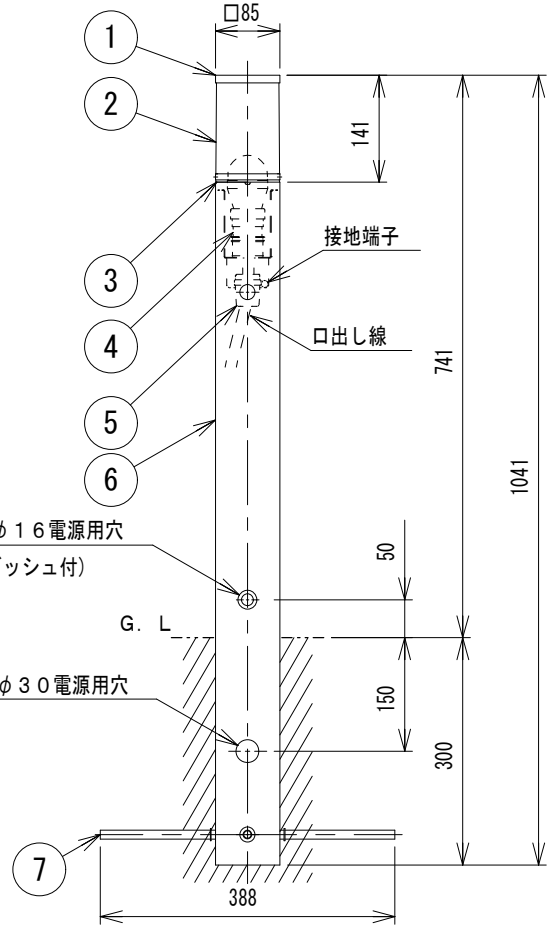

- ・防雨型
- ・セードの取付方法は、表ネジ式です。
- ・自動点滅器付
- ・調光器は使用できません。
- ・LEDにはバラツキがあるため、同一型番でも発光色、明るさが異なる場合があります。
- ・ランプ点灯時に点灯する表示付スイッチに使うと、表示が暗くなったり点灯しないことがあります。
- ・ランプの短寿命の恐れがあるため、直接日光が当たる時間帯は点灯しないでください。
- ・電源OFF時に表示が点灯するタイプのスイッチを使用する場合、壁スイッチの使用は5個までとしてください。壁スイッチを6個以上使用される場合は、表示が点灯するタイプ以外のスイッチを使用してください。
- ・常に水の溜まっている場所、また溜まりやすい場所には設置しないでください。
- ・埋め込み表示まで埋め込んでください。
- ・ポールは土壌のしっかりした所へ設置してください。土質の柔らかい場所の場合は、コンクリート等で固定してください。
- ・塩害地区又は、腐食性ガスの発生する所でご使用になる場合別途ご相談ください。
- ・施工に関しては、電気設備基準、内線規定に従ってください。
- ・D種（第3種）接地工事を行なって下さい。

定格光束	290 lm
固有エネルギー消費効率	65.9 lm/W

JIS C 8105-5に基づく測定方法によって固有エネルギー消費効率を測定。

各種配線機器と組み合わせて使用する場合の適合性、接続台数は下記よりご確認ください。

あかり専科 Switch Navi (配線機器適合システム)

<https://webcatalog.koizumi-lt.co.jp/bizsupport/switchnavi>

7	足アーム	アルミ	1		皮相電力	8VA	品名	LED防雨型ガーデンライト	
6	ポール	アルミ	1	ウォームシルバー塗装	入力電圧	100V	型番	AUE 664 148	
5	自動点滅器	プラスチック	1		入力電流	0.08A	図番		
4	ソケット	磁器	1	2P	消費電力	4.4W	適合ランプ	電球形LEDランプ LDA4L-H/S/4	
3	本体	アルミダイカスト	1	ウォームシルバー塗装	力率	-	W×数	4.4W×1灯	
2	セード	ポリカーボネート	1	乳白色	質量	2.0kg	色・形	電球色(2700K)	
1	ヘッドカバー	アルミダイカスト	1	ウォームシルバー塗装	特記事項		承認	審査	立案
部番	部品名	材質	数	備考			泰	野口	光源
							20230117		
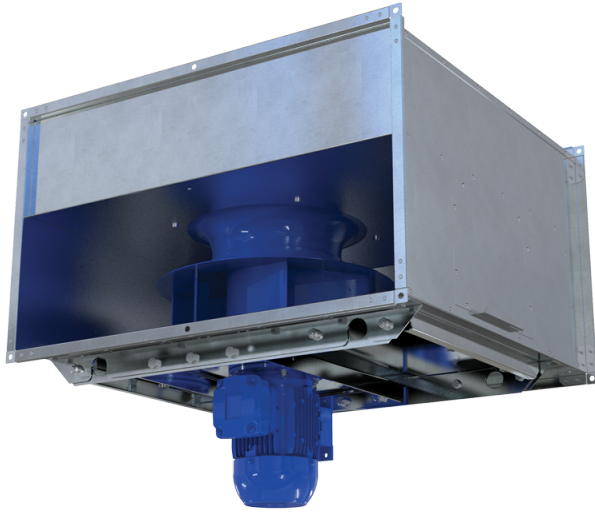

Series **VKPD**

Rohr-Entrauchungsventilator. Förderleistung: bis 28
500 m³/h

Lineup
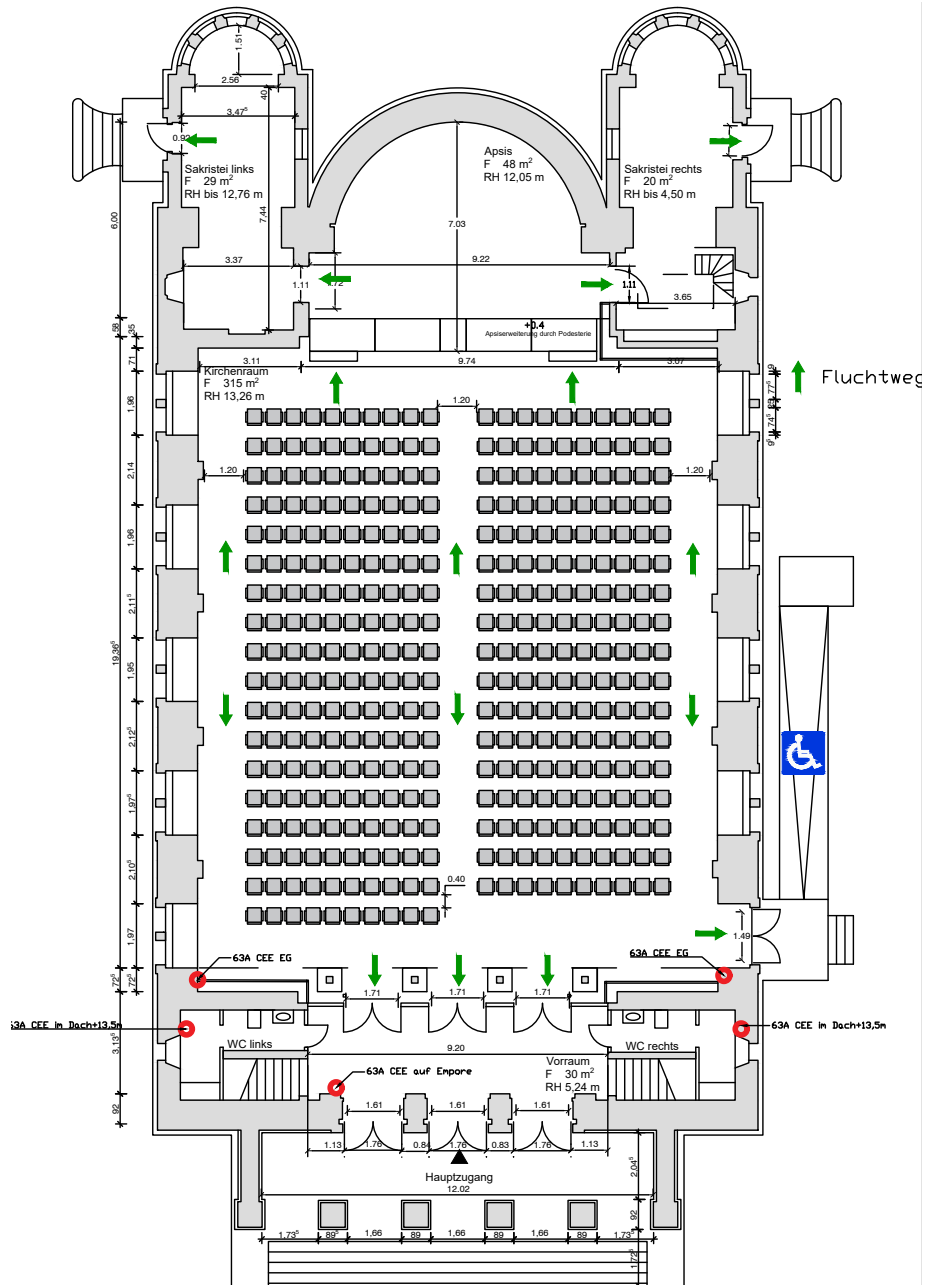

St. Elisabeth-Kirche | Bestuhlung Erdgeschoss

Stand: März 2020, Bestuhlungsplan, Vollbestuhlung in 2 Blöcken (350 Pax)

Kontakt Kultur:
kultur@elisabeth.berlin

Kontakt Vermietungen:
vermietung@elisabeth.berlin

------------------------------------------------------------

EXERCISE REQUIREMENTS: Your answer should be the lines of the records that hold the string "アルミダイカスト".

TASK SOLUTION:
3	本体	アルミダイカスト	1	ウォームシルバー塗装	力率	-	W×数	4.4W×1灯	
1	ヘッドカバー	アルミダイカスト	1	ウォームシルバー塗装	特記事項		承認	審査	立案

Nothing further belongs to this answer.